One of the things you immediately notice is how incredibly bad at acting the rent-a-crowd actors are. They resemble a Democrat’s cruellest fantasy of what Trump fans look like: garishly dressed, overweight, incredibly dumb - like refugees from the movie Idiocracy. It’s so pastiche-y and parodic you can’t help feeling that you, the viewer are being mocked by whoever staged this farrago. And you probably are. When a man is supposedly shot dead in their midst these people behave not remotely like you would under such circumstances. One guy actually sits down casually on the blood smear left behind after Corey Comperatore’s body is dragged off by medics.
Except it’s not Comperatore’s body, it’s a mannikin. You can tell from its lightness - visible from the lack of muscular tension in the arms of the people carrying it - that no way is this the real body of a hefty firefighter. Another giveaway is that the leg actually has a visible carrying handle attached to it which, so far as I’m aware, no real person actually does. There are lots of other tells: the remarkable lack of blood from someone who has supposedly just been splattered with a headshot (bad make up artist!); the behaviour of the various specialist team members responsible for slipping the mannikin in through the railings, ready for the make-up artist to do her job, and for the line-of-sight guy to make sure there’s a gap in the crowd so the camera filming the event can snatch a shot of ‘Corey’ the mannikin’s bloody face.
If we accept the footage as genuine and the analysis as cogent, then I think it is now impossible to draw any other conclusion than that the entire Butler ‘assassination’ incident was staged and that Trump was definitely in on it.
For some Trump supporters that may still not be a problem. One could, for example, argue that after the last stolen election desperate measures were needed to ensure that the rightful president got in this time. So if it took a fake assassination to tip the balance in Trump’s favour, well, maybe it was a noble lie.
My issue with this argument - should anyone be so bold, indeed, so amoral, as to make it - is: where do you stop? I mean, if Trump is prepared to lie so shamelessly, so repeatedly, so deliberately about what really happened that day in Butler, Pennsylvania, why would you trust him on anything?
Let’s give him the benefit of the doubt and assume no one was actually hurt during this stunt, not Corey Comperatore (well obviously not: he wasn’t there!) and not even that patsy kid they had up on the roof waiting patiently for the moment when he was taken out by security. Well even if no innocents were killed during the faking of this attempted assassination, that still means that the next president of the United States is a stone-cold liar. He doesn’t just maybe fib a bit about the odd detail, or embroider his anecdotes, or exaggerate for effect (though obviously he does all these things too). He actually participates in the planning of his Big Lie, possibly months in advance; he stages the lie like the practised actor that he is; he goes on television for days afterwards to reinforce the lie. This is a man so comfortable with lying it seems not even to occur to him that there might be any moral issues involved.

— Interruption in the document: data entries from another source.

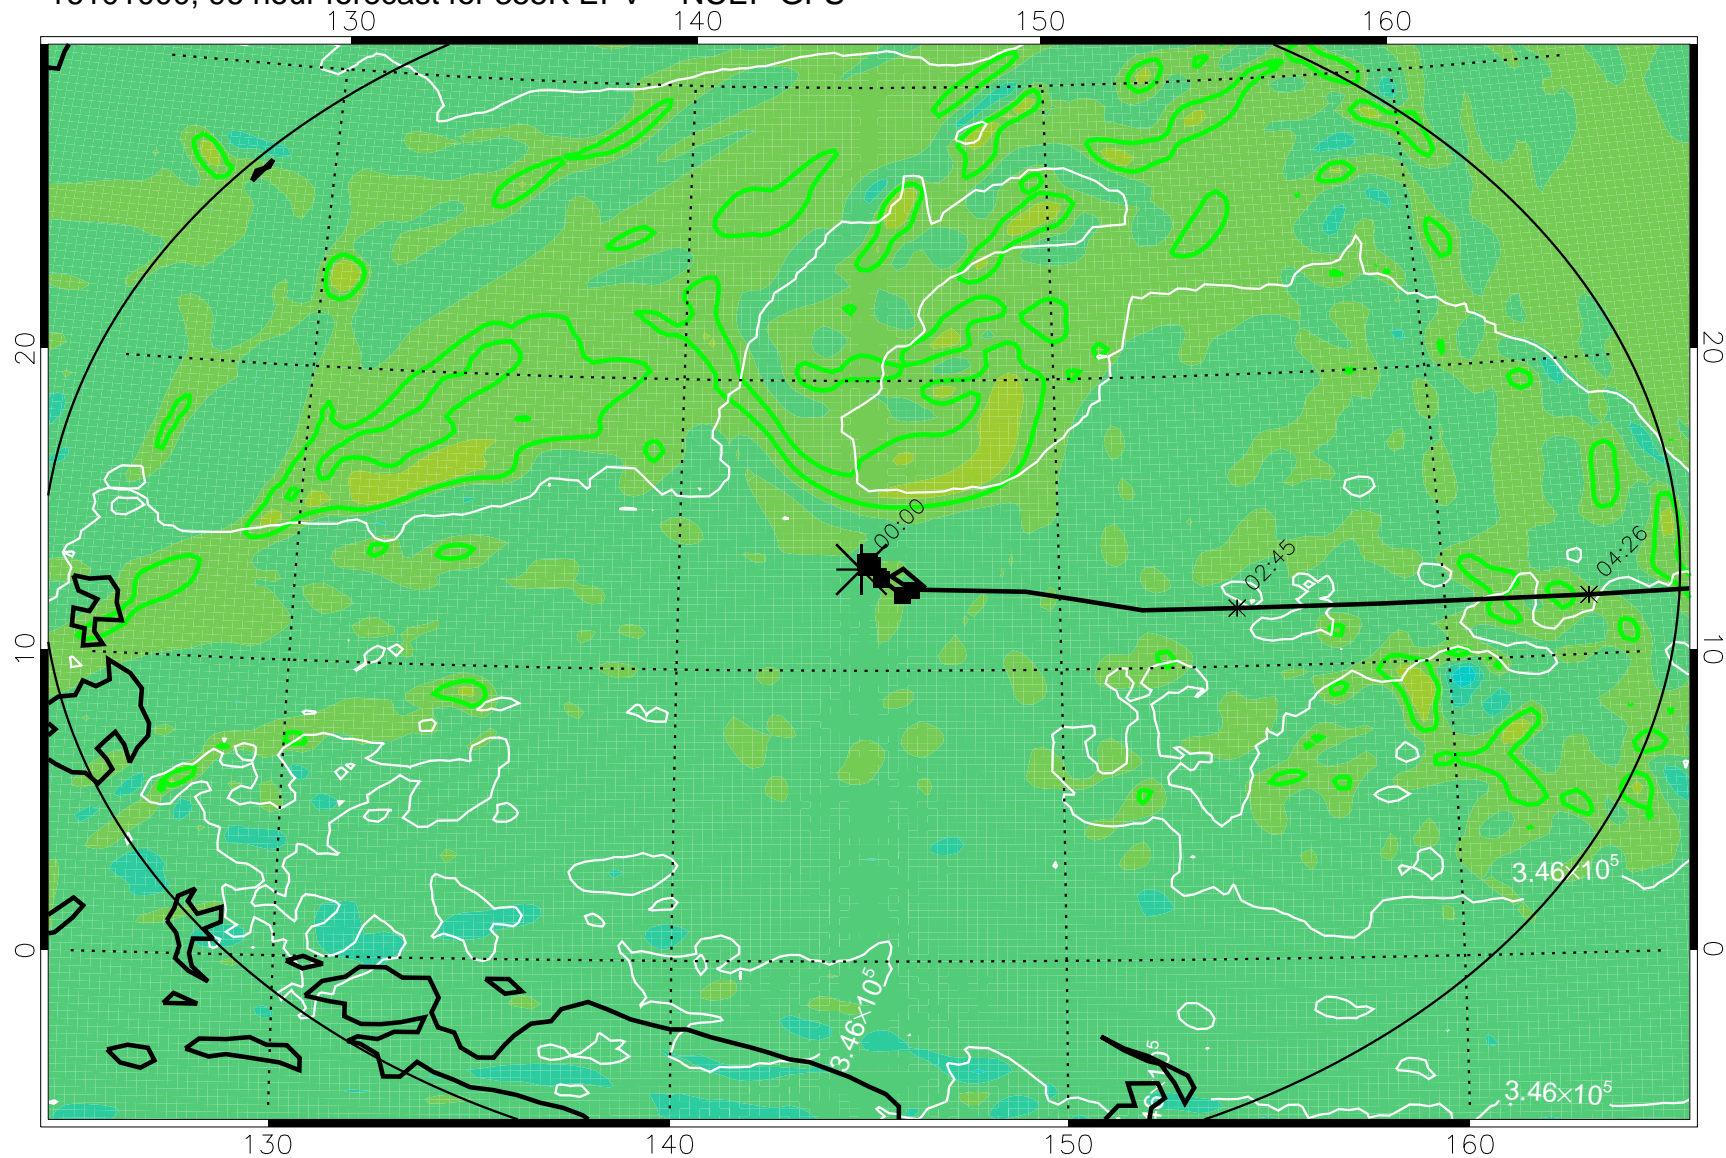

16100818, 66 hour forecast for 355K EPV -- NCEP GFS

355K Montgomery Streamfunction, white
EPV Tropopause (2 PVU) Position
Range ring of 2304 km

16100900, 72 hour forecast for 355K EPV -- NCEP GFS

355K Montgomery Streamfunction, white
EPV Tropopause (2 PVU) Position
Range ring of 2304 km

16100906, 78 hour forecast for 355K EPV -- NCEP GFS

355K Montgomery Streamfunction, white
EPV Tropopause (2 PVU) Position
Range ring of 2304 km

16100912, 84 hour forecast for 355K EPV -- NCEP GFS

355K Montgomery Streamfunction, white
EPV Tropopause (2 PVU) Position
Range ring of 2304 km

16100918, 90 hour forecast for 355K EPV -- NCEP GFS

355K Montgomery Streamfunction, white
EPV Tropopause (2 PVU) Position
Range ring of 2304 km

16101000, 96 hour forecast for 355K EPV -- NCEP GFS

355K Montgomery Streamfunction, white
EPV Tropopause (2 PVU) Position
Range ring of 2304 km

16101006, 102 hour forecast for 355K EPV -- NCEP GFS

355K Montgomery Streamfunction, white
EPV Tropopause (2 PVU) Position
Range ring of 2304 km

16101012, 108 hour forecast for 355K EPV -- NCEP GFS

355K Montgomery Streamfunction, white
EPV Tropopause (2 PVU) Position
Range ring of 2304 km
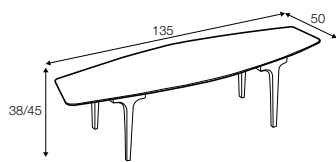

footstool 45x45x45

footstool 75x75x45

footstool 90x90x35

footstool 90x75x35

Tetris

coffee table 4 110x110 h-38, coffee table 2B 80x80 h-30
oak top, black legs
designed by: Dan Ihreborn

coffee table 110x80

coffee table 80x80

coffee table 100x50

coffee table hollow 110x80

coffee table hollow 80x80

coffee table hollow 100x50

coffee table 110x110

example
coffee table 110x80 + coffee table hollow 80x80
+ coffee table hollow 100x50

Casual

coffee table 110x110 h-38 with tray, coffee table 150x50 h-38
oak
designed by: Dan Ihreborn

coffee table 110x110 h-38 with tray
bleached oak
designed by: Dan Ihreborn

coffee table 135x50

coffee table 150x50
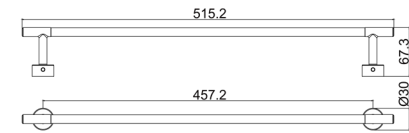

Double Towel Bar (18")

Zinc+SS201 Tube

I’m not saying that Trump is any worse than any of the other Deep State actors we’ve come to loathe, fear and despise. But if you think he’s any better than them I’d love to hear your counterargument. “I trust that this lying liar with a long, proven track record of lying isn’t going to lie to me because…”, you can begin your defence. I leave the rest up to you and your evidently fertile imagination.